Saved entries
◆ ◆ ◆ ◆ ◆ ◆ ◆
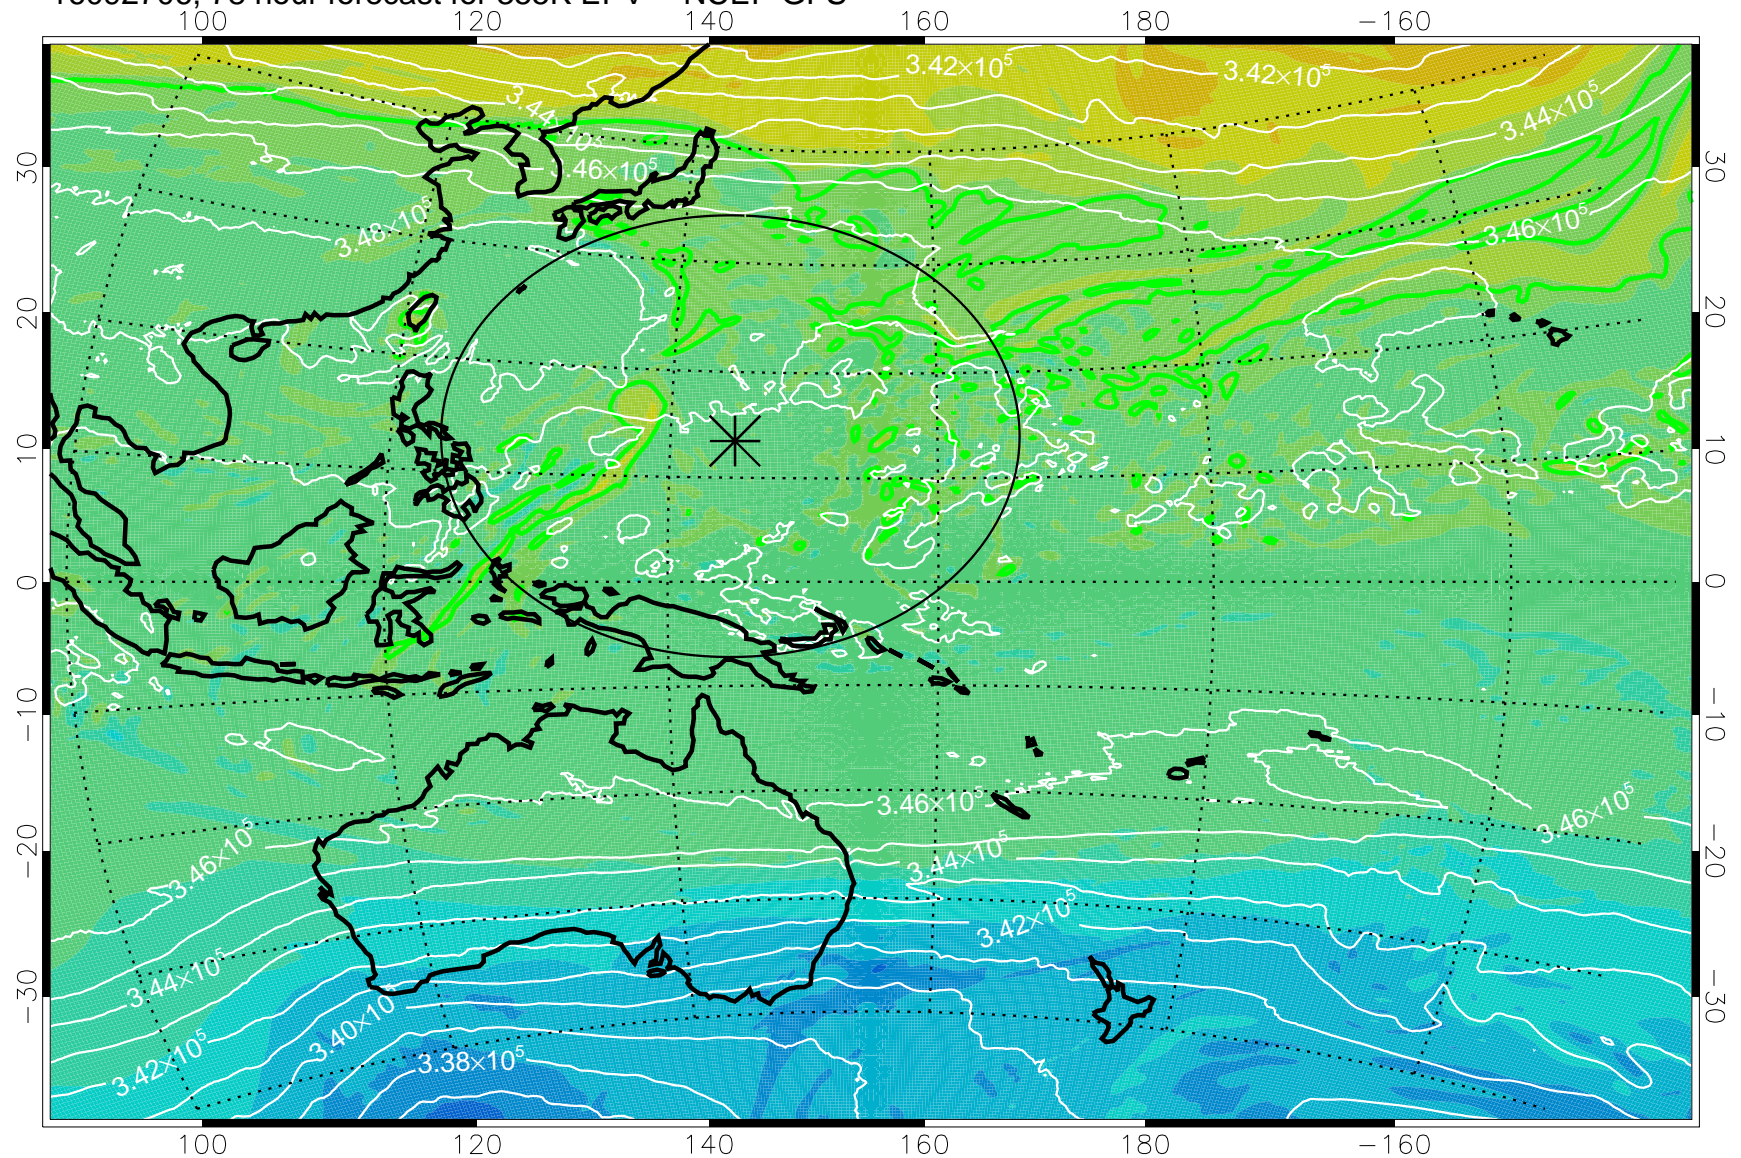

16092606, 54 hour forecast for 355K EPV -- NCEP GFS

355K Montgomery Streamfunction, white  
EPV Tropopause (2 PVU) Position  
Range ring of 2304 km

16092612, 60 hour forecast for 355K EPV -- NCEP GFS

355K Montgomery Streamfunction, white  
EPV Tropopause (2 PVU) Position  
Range ring of 2304 km

16092618, 66 hour forecast for 355K EPV -- NCEP GFS

355K Montgomery Streamfunction, white  
EPV Tropopause (2 PVU) Position  
Range ring of 2304 km

16092700, 72 hour forecast for 355K EPV -- NCEP GFS

355K Montgomery Streamfunction, white  
EPV Tropopause (2 PVU) Position  
Range ring of 2304 km

16092706, 78 hour forecast for 355K EPV -- NCEP GFS

355K Montgomery Streamfunction, white  
EPV Tropopause (2 PVU) Position  
Range ring of 2304 km

16092712, 84 hour forecast for 355K EPV -- NCEP GFS

355K Montgomery Streamfunction, white  
EPV Tropopause (2 PVU) Position  
Range ring of 2304 km

16092718, 90 hour forecast for 355K EPV -- NCEP GFS

355K Montgomery Streamfunction, white  
EPV Tropopause (2 PVU) Position  
Range ring of 2304 km

16092800, 96 hour forecast for 355K EPV -- NCEP GFS

355K Montgomery Streamfunction, white  
EPV Tropopause (2 PVU) Position  
Range ring of 2304 km
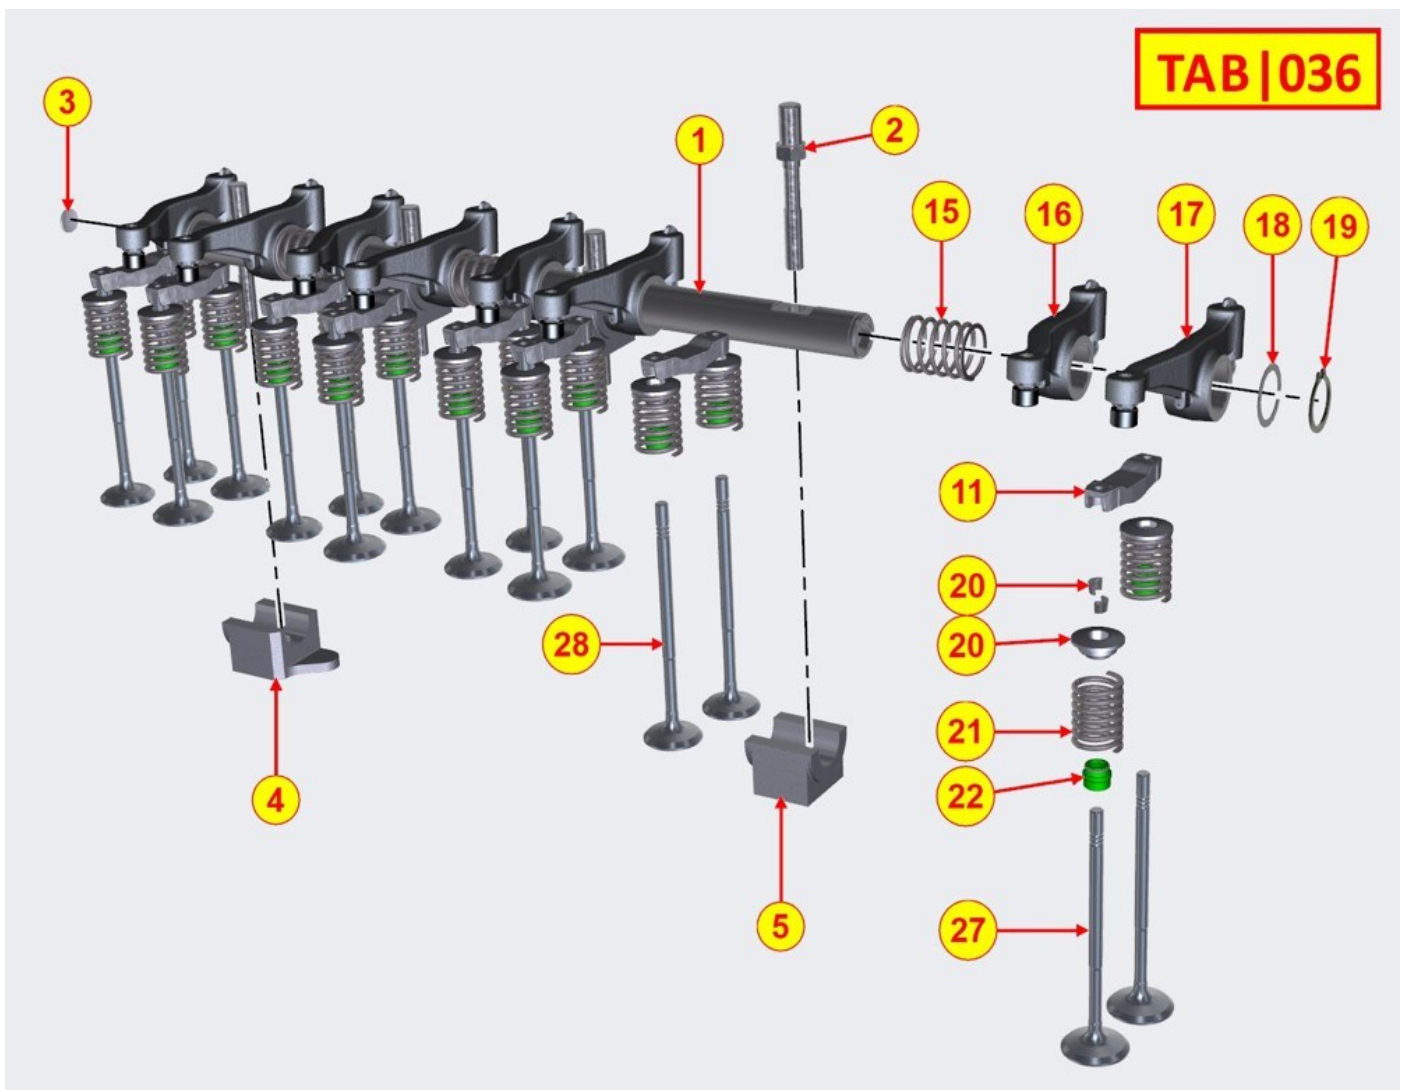

CAMSHAFT - Group: 8035700250

TAB | 035

CAMSHAFT - Group: 8035700250

Pos	Kit	Included in	Part #	Description	QTY	Tech info
1			ED0014100010-S	Pushrod	8	
2			ED0072151870-S	Tappet	8	
3			ED0010100390-S	Camshaft	1	
4			ED0022000020-S	Key	1	
5			ED0012400570-S	Snap ring	1	

6

ED0017801040-S

Screw

1

ROCKER ARMS / VALVES - Group: 8036700320

ROCKER ARMS / VALVES - Group: 8036700320

Pos	Kit	Included in	Part #	Description	QTY	Tech info
1	A		ED0060452420-S	Rocker arm shaft	1	
2			ED0098202700-S	Screw	4	
11			ED0021831240-S	U-bolt	8	⚠
15		(A)	ED0056150200-S	Spring	3	
16		(A)	ED0015413680-S	rocker arm	4	⚠
◆ ◆ ◆ ◆ ◆ ◆ ◆
**What to produce**
What is needed is every entry above, repeated exactly, with the pictures dropped.

**Expected answer**
16092606, 54 hour forecast for 355K EPV -- NCEP GFS

355K Montgomery Streamfunction, white  
EPV Tropopause (2 PVU) Position  
Range ring of 2304 km

16092612, 60 hour forecast for 355K EPV -- NCEP GFS

355K Montgomery Streamfunction, white  
EPV Tropopause (2 PVU) Position  
Range ring of 2304 km

16092618, 66 hour forecast for 355K EPV -- NCEP GFS

355K Montgomery Streamfunction, white  
EPV Tropopause (2 PVU) Position  
Range ring of 2304 km

16092700, 72 hour forecast for 355K EPV -- NCEP GFS

355K Montgomery Streamfunction, white  
EPV Tropopause (2 PVU) Position  
Range ring of 2304 km

16092706, 78 hour forecast for 355K EPV -- NCEP GFS

355K Montgomery Streamfunction, white  
EPV Tropopause (2 PVU) Position  
Range ring of 2304 km

16092712, 84 hour forecast for 355K EPV -- NCEP GFS

355K Montgomery Streamfunction, white  
EPV Tropopause (2 PVU) Position  
Range ring of 2304 km

16092718, 90 hour forecast for 355K EPV -- NCEP GFS

355K Montgomery Streamfunction, white  
EPV Tropopause (2 PVU) Position  
Range ring of 2304 km

16092800, 96 hour forecast for 355K EPV -- NCEP GFS

355K Montgomery Streamfunction, white  
EPV Tropopause (2 PVU) Position  
Range ring of 2304 km

CAMSHAFT - Group: 8035700250

TAB | 035

CAMSHAFT - Group: 8035700250

Pos	Kit	Included in	Part #	Description	QTY	Tech info
1			ED0014100010-S	Pushrod	8	
2			ED0072151870-S	Tappet	8	
3			ED0010100390-S	Camshaft	1	
4			ED0022000020-S	Key	1	
5			ED0012400570-S	Snap ring	1	

6

ED0017801040-S

Screw

1

ROCKER ARMS / VALVES - Group: 8036700320

ROCKER ARMS / VALVES - Group: 8036700320

Pos	Kit	Included in	Part #	Description	QTY	Tech info
1	A		ED0060452420-S	Rocker arm shaft	1	
2			ED0098202700-S	Screw	4	
11			ED0021831240-S	U-bolt	8	⚠
15		(A)	ED0056150200-S	Spring	3	
16		(A)	ED0015413680-S	rocker arm	4	⚠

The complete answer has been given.